Both epidemiological and laboratory evidence support a role for vitamin D in colorectal cancer etiology, and this may be mediated by the VDR. Ecological and population-based studies have shown some evidence that vitamin D exposure, as measured through sunlight exposure, diet, and serum levels, is associated with a lower risk of colorectal cancer (26, 27, 28, 29, 30, 31, 32, 33, 34, 35, 36). Laboratory evidence demonstrates that 1,25(OH)₂D₃, the biologically active form of vitamin D, has a role in the regulation of cell proliferation and differentiation and in calcium metabolism (reviewed in Ref. 37). In vitro studies on colon cancer cell lines have shown that the presence of 1,25(OH)₂D₃ and its synthetic analogues slows tumor cell proliferation and enhances differentiation (3, 8). However, inhibition of tumor cell growth and enhancement of differentiation occurred only in cell lines with high VDR expression (3). It has also been shown that normal and malignant colonic tissue express VDR. Furthermore, the effects of calcium on colorectal cancer risk may also be mediated by the VDR. Epidemiological and laboratory data show that calcium may reduce the risk of colorectal adenomas as well as cancer (33, 34, 35, 36, 38, 39, 40, 41). Laboratory evidence points to several possible pathways involving calcium that are mediated by 1,25(OH)₂D₃ and indirectly by the VDR (42, 43, 44).

Given this biology, a VDR-mediated mechanism of growth inhibition involving vitamin D and calcium exists. Additional polymorphic variation in VDR expression may influence the way in which 1,25(OH)₂D₃ and calcium control cellular growth and differentiation.
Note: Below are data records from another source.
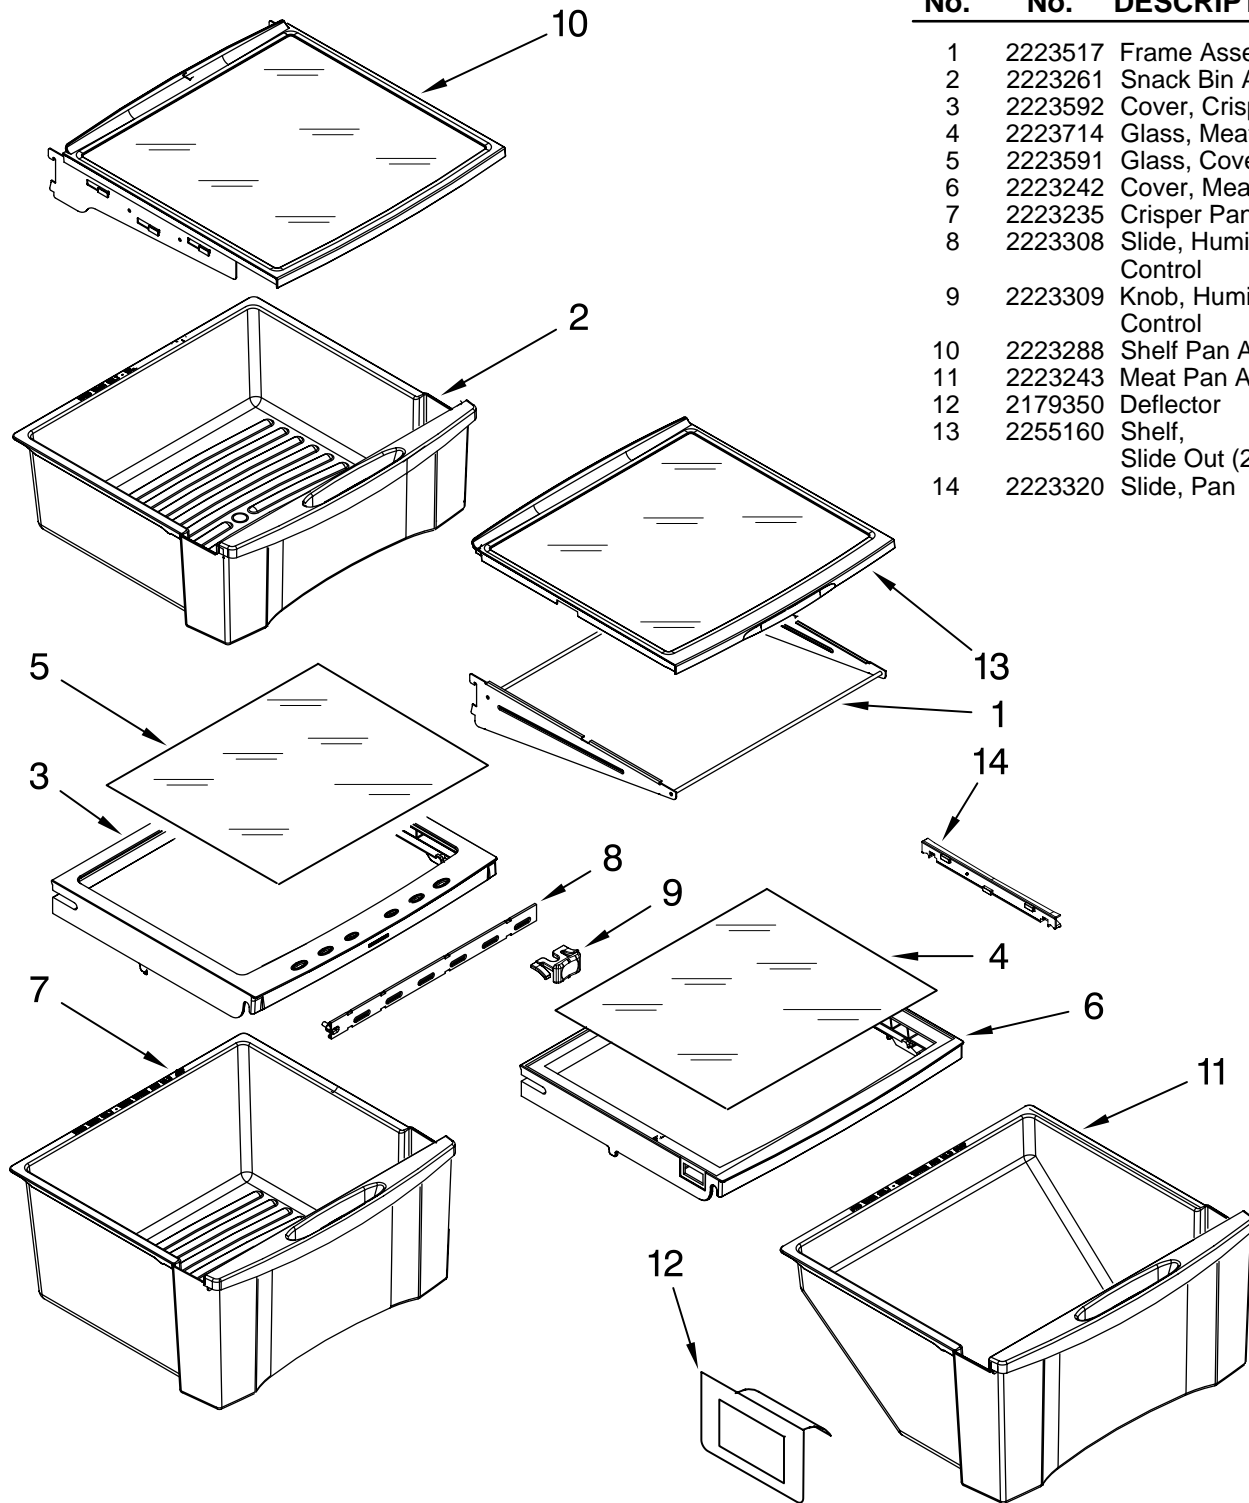

REFRIGERATOR SHELF PARTS

For Models:

GS6NBEXRQ04, GS6NBEXRT04, GS6NBEXRB04, GS6NBEXRS04, GS6NBEXRL04, GS6NBEXRY04, GS6NBEXRA04
(White) (Biscuit) (Black) (Stainless Steel) (Stainless VCM) (Monochromatic Satina) (Monochromatic Stainless)

Illus. No.	Part No.	DESCRIPTION
1	2223517	Frame Assembly (2)
2	2223261	Snack Bin Asm
3	2223592	Cover, Crisper
4	2223714	Glass, Meat Cover
5	2223591	Glass, Cover
6	2223242	Cover, Meat Pan
7	2223235	Crisper Pan Asm
8	2223308	Slide, Humidity Control
9	2223309	Knob, Humidity Control
10	2223288	Shelf Pan Assembly
11	2223243	Meat Pan Assembly
12	2179350	Deflector
13	2255160	Shelf, Slide Out (2)
14	2223320	Slide, Pan

FOR ORDERING INFORMATION REFER TO PARTS PRICE LIST

BsmI is located in intron 8 and is closely linked to a second polymorphism, TaqI, located in exon 9. Another polymorphism, a poly(A) microsatellite, is located in the 3′-UTR (15). The mechanism through which these polymorphisms affect the VDR is still unclear, as the polymorphisms do not alter the amino acid sequence of the VDR protein (13). However, it is thought that the 3′-UTR region of the VDR gene is involved in the regulation of mRNA stability, and, therefore, may alter the rate of degradation of the VDR mRNA (12). There is also some speculation that these polymorphisms are in disequilibrium with other mutations that alter VDR function (13). Although the mechanism is still unknown, studies have shown that VDR BsmI genotypes are associated with certain phenotypes. The BsmI BB genotype has been associated with lower calcium absorption and lower bone density in several studies (14), as well as significantly elevated levels of circulating serum 1,25(OH)₂D₃(15).
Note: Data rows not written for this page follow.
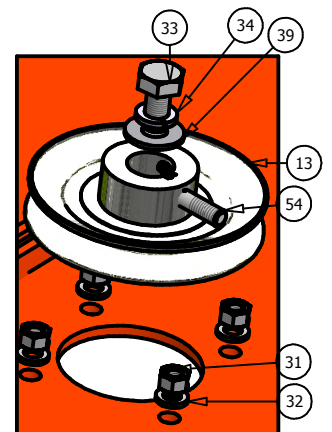

## 48" Pup Deck

ITEM	QTY	PART NUMBER	DESCRIPTION
1	1	041-1420-00	48" Deck Belt
2	3	038-4830-00	48" Fusion Blade
3	1	060-4800-00	48" Deck
4	1	206-6017-00	Discharge Chute Hanger
5	1	014-4801-00	48" Spindle Cover
6	1	014-6004-00	Spindle Cover
7	3	037-6015-00	Spindle
8	1	039-6936-00	Deck Idler Arm
9	1	018-5311-00	5/8" x 4" Hex Bolt
10	2	019-6017-00	.635 ID Plastic Washer
11	2	032-6033-00	5/8" ID x 1 1/8" Brass Bushing
12	1	033-6001-00	4 3/4" Idler Pulley
13	3	033-6003-01	5" Deck Pulley
14	2	033-5001-00	5 3/4" Deck Idler Pulley
15	1	025-5337-00	1 1/4" Pulley Spacer
16	1	025-5338-00	Pup Pulley Spacer
17	1	025-5339-00	1 3/4" Pulley Spacer
18	2	048-6056-00	Turnbuckle
19	2	013-6058-00	3/4" Left Handed Nut
20	4	022-5234-00	Anti-Scalp Rollers
21	4	018-5019-00	1/2" x 4" Bolt (Grade 8)
22	4	013-5300-00	1/2" Flange Nut
23	4	045-6043-00	5/16" Knob
24	2	031-5351-00	Deck Support Arm (left)
25	2	031-5352-00	Deck Support Arm (Right)
26	1	034-9035-00	Deck Idler Spring
27	2	046-6044-00	Female Yoke
28	2	046-6048-00	Male Yoke
29	2	047-6047-00	3" Chain
30	18	018-5040-00	3/8" x 1 1/4" Hex Bolt
31	14	013-6014-00	3/8" Hex Nut
32	13	019-5037-00	3/8" Lock Washer
33	3	018-5006-00	1/2" x 1 1/2" Bolt Fine Threaded
34	3	019-5007-00	1/2" Lock Washer
35	3	018-6021-00	5/8" x 1.5" Fine Threaded Bolt
36	3	019-4807-00	5/8" Lock Washer
37	12	013-5041-00	3/8 Nylock Nut
38	2	018-7050-00	1/2" x 4 1/2" Bolt
39	3	019-6020-00	1/2" Cup Washer
40	6	018-5015-00	5/16" x 1" Hex Bolt
41	3	018-6036-00	1/2" x 2 1/2" Hex Bolt
42	4	018-6059-00	5/8" x 2 1/2" Hex Bolt
43	4	013-7021-00	5/8" Nylock Nut
44	2	013-8047-00	3/8 Std NC Nylock Nut
45	2	019-6042-00	.360 ID Plastic Washer
46	3	018-5250-00	3/8" x 3/4" Hex Bolt
47	3	013-5201-00	3/8" Flange Nut
48	2	018-6049-00	3/8" x 1" Hex Bolt
49	2	019-5029-00	3/8" Flat Washer
50	5	018-6012-00	3/8" x 1 1/2" Hex Bolt
51	2	013-6051-00	3/8" Fine Threaded Jam Nut
52	2	018-6054-00	1/2" x 3 1/2" Bolt
53	1	024-6034-00	Grease Fitting (Drive-In Type)
54	3	030-6029-00	3/8" Hex Bolt
55	11	013-8050-00	1/2" Flange Lock Nut
56	4	019-5010-00	1/2" Brass Washer
57	5	018-5020-00	5/16" x 1 1/2" Carriage Bolt
58	1	210-6005-00	Rubber Side Discharge
59	5	013-8049-00	5/16" Nylock Flange Nut
60	1	039-4870-00	2007 Hanger Plate
61	1	039-4871-00	2007 Lower Hanger Plate

The results of this study are unusual in light of the fact that higher calcium and vitamin D intake are generally associated with a modestly reduced risk of colorectal neoplasia. However, these data suggest that those with the BB BsmI VDR genotype may be at reduced risk in the presence of lower calcium and vitamin D intake. These results are similar to those reported by Ma et al.(15), who reported an inverse association between the BsmI BB genotype and prostate cancer risk among those with serum 25(OH)D₃ levels lower than the median in a study on VDR polymorphisms, prostate cancer risk, and serum vitamin D levels.
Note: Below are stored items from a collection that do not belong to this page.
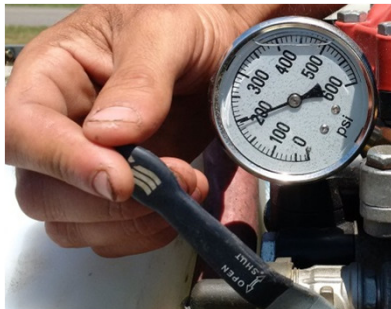

Apply: Motorized Tank Applicator -
Drench or Inject into the Roots

The Wettable Powder Mixes Quickly and Easily in Water:

Keep Max.
Pump Pressure
Below 200 psi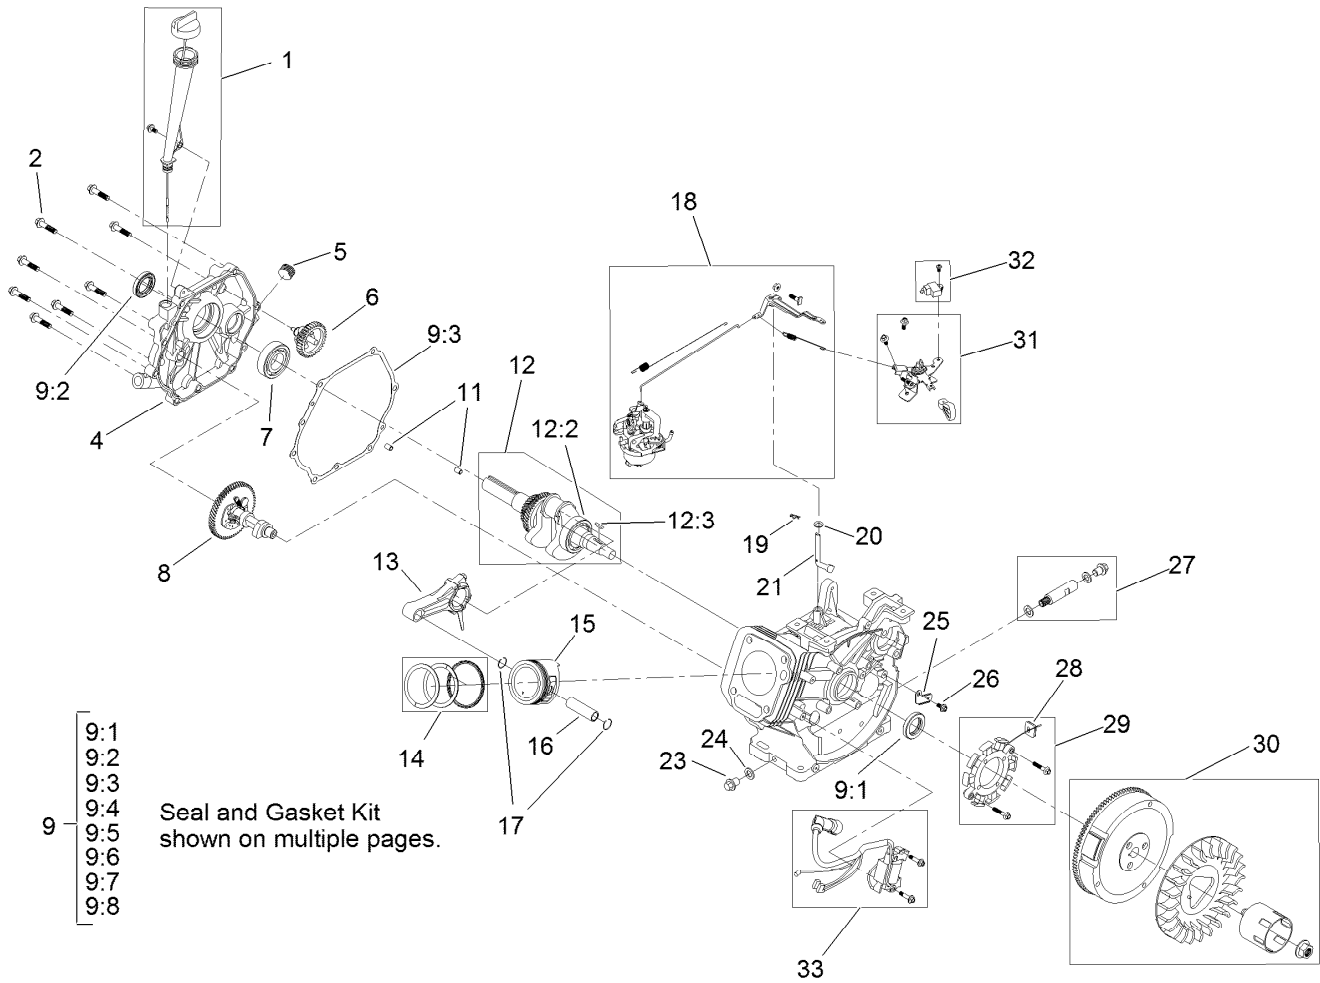

Engine Assembly No. 1 (continued)

<i>Ref.</i>	<i>Part Number</i>	<i>Qty.</i>	<i>Description</i>	<i>Ref.</i>	<i>Part Number</i>	<i>Qty.</i>	<i>Description</i>
1	133-9823	1	Cap-Fuel	6:4	121-0312	2	Washer-Plain
2	136-7802	1	Fuel Tank And Cap Kit	7	121-4103	1	Switch Box Bracket Kit
3	121-0349	1	Fuel Tank Cover Kit	8	121-4109	1	Fuel Shut-Off Valve Kit
4	121-0347	1	Rear Panel And Hardware Kit	9	139-0598	1	Fuel Line Kit
5	121-0351	1	Tank Mount Bracket Kit	9:1	121-0087	4	Clamp-Hose
6	136-7799	1	Electric Starter Kit	10	121-4105	1	Front Panel Kit
6:2	121-0298	2	Screw-HHF	11	121-0274	1	Recoil Shroud Kit
6:3	121-0306	2	Screw-Bhp	12	121-0342	1	Recoil Kit
				13	121-0287	1	Handle-Recoil

Engine Assembly No. 2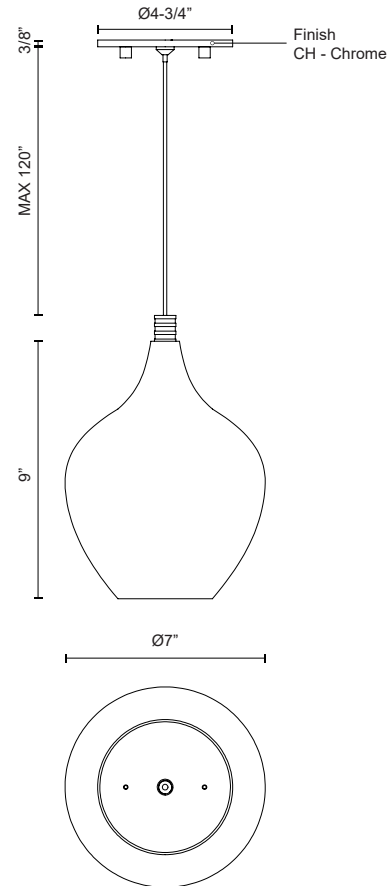

KUZCO

19054 28TH AVENUE
SURREY - BC V3Z 6M3
CANADA

WWW.KUZCOLIGHTING.COM

COMMENT

The results of this case-control study suggest that the BB genotype is inversely associated with colorectal adenoma risk in the presence of lower vitamin D and calcium intake. These findings are novel in light of the fact that higher calcium and vitamin D intake are generally associated with a modestly reduced risk of colorectal neoplasia. These findings should be replicated to establish whether this VDR polymorphism does have a role in the etiology of colorectal neoplasia and that the relationship is modified by vitamin D and calcium exposure.